→ What the task requires: Repeat each entry word for word. Leave any images out of the copy.

(Stored items)

•••••

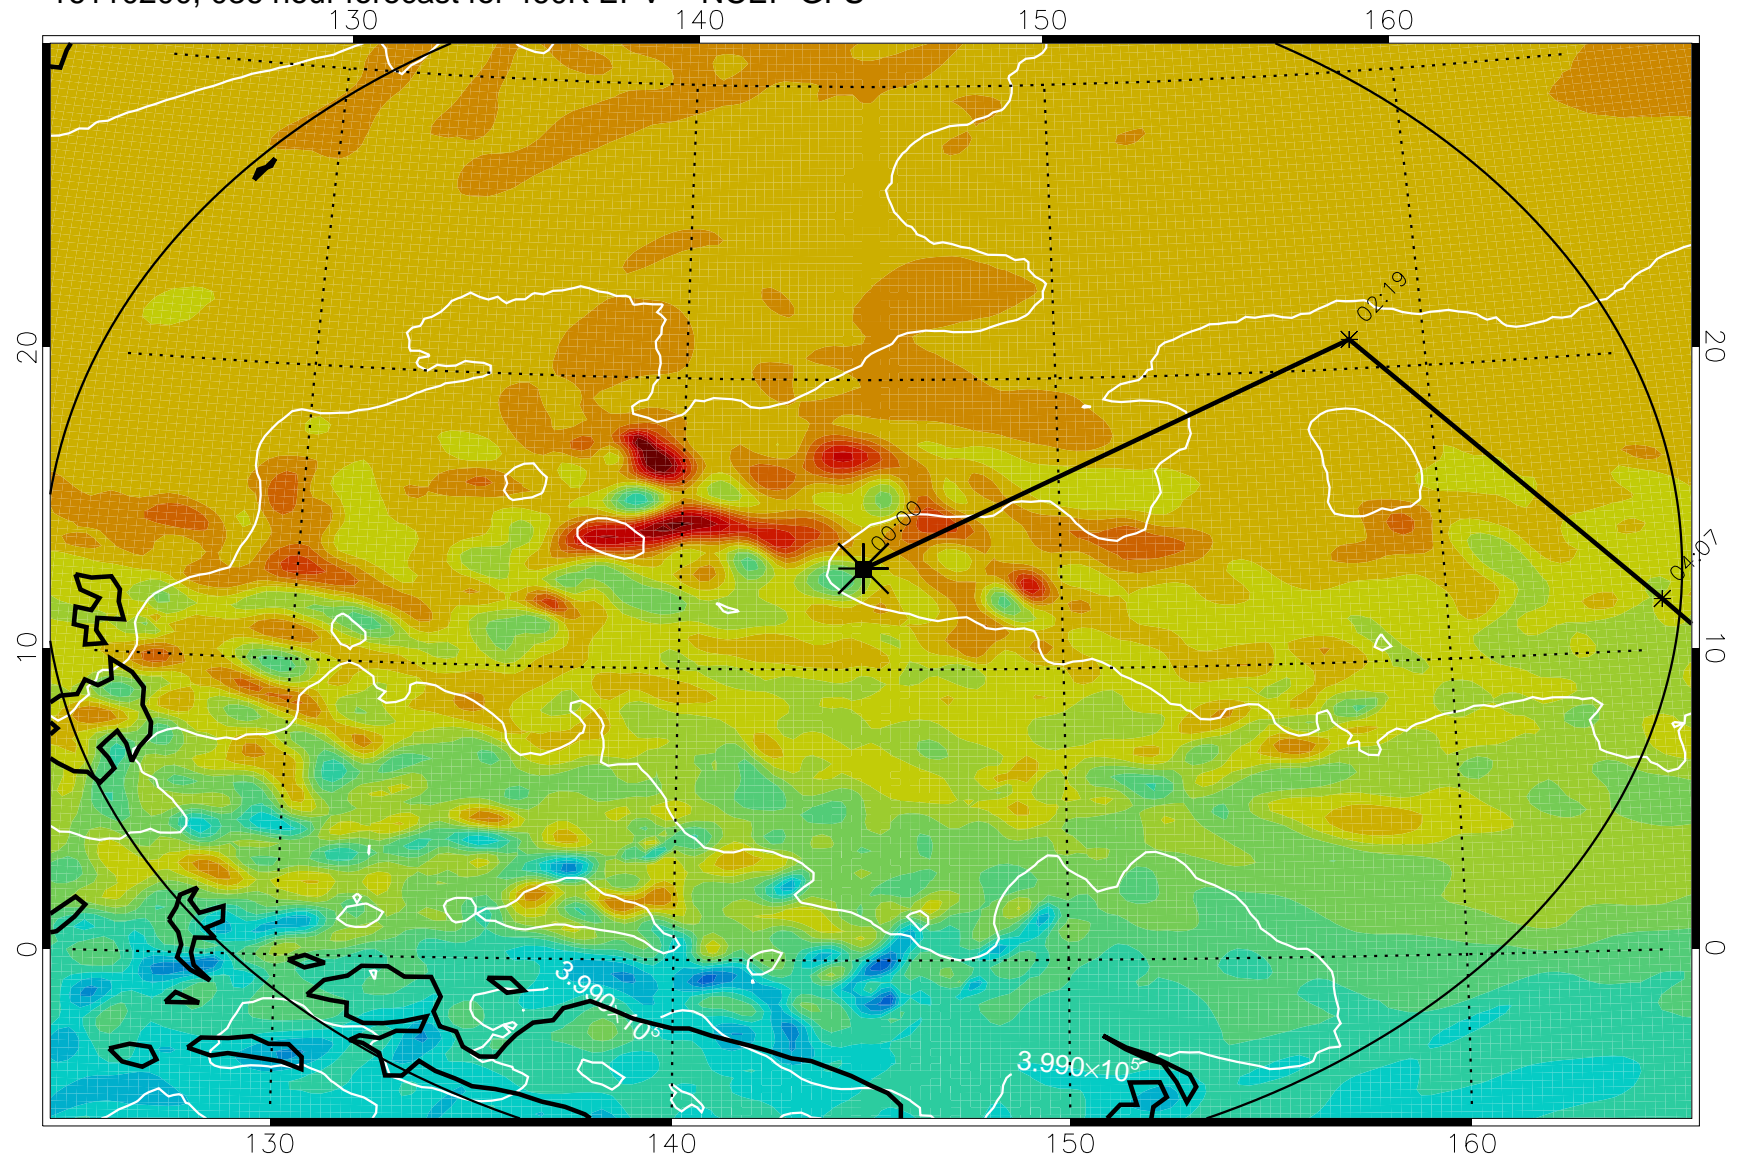

16110106, 018 hour forecast for 460K EPV -- NCEP GFS

460K Montgomery Streamfunction, white

Range ring of 2304 km

16110112, 024 hour forecast for 460K EPV -- NCEP GFS

460K Montgomery Streamfunction, white

Range ring of 2304 km

16110118, 030 hour forecast for 460K EPV -- NCEP GFS

460K Montgomery Streamfunction, white

Range ring of 2304 km

16110200, 036 hour forecast for 460K EPV -- NCEP GFS

460K Montgomery Streamfunction, white

Range ring of 2304 km

16110206, 042 hour forecast for 460K EPV -- NCEP GFS

460K Montgomery Streamfunction, white

Range ring of 2304 km

16110212, 048 hour forecast for 460K EPV -- NCEP GFS

460K Montgomery Streamfunction, white

Range ring of 2304 km

16110218, 054 hour forecast for 460K EPV -- NCEP GFS

460K Montgomery Streamfunction, white

Range ring of 2304 km

16110300, 060 hour forecast for 460K EPV -- NCEP GFS

460K Montgomery Streamfunction, white

Range ring of 2304 km

•••••

→ Task solution:
16110106, 018 hour forecast for 460K EPV -- NCEP GFS

460K Montgomery Streamfunction, white

Range ring of 2304 km

16110112, 024 hour forecast for 460K EPV -- NCEP GFS

460K Montgomery Streamfunction, white

Range ring of 2304 km

16110118, 030 hour forecast for 460K EPV -- NCEP GFS

460K Montgomery Streamfunction, white

Range ring of 2304 km

16110200, 036 hour forecast for 460K EPV -- NCEP GFS

460K Montgomery Streamfunction, white

Range ring of 2304 km

16110206, 042 hour forecast for 460K EPV -- NCEP GFS

460K Montgomery Streamfunction, white

Range ring of 2304 km

16110212, 048 hour forecast for 460K EPV -- NCEP GFS

460K Montgomery Streamfunction, white

Range ring of 2304 km

16110218, 054 hour forecast for 460K EPV -- NCEP GFS

460K Montgomery Streamfunction, white

Range ring of 2304 km

16110300, 060 hour forecast for 460K EPV -- NCEP GFS

460K Montgomery Streamfunction, white

Range ring of 2304 km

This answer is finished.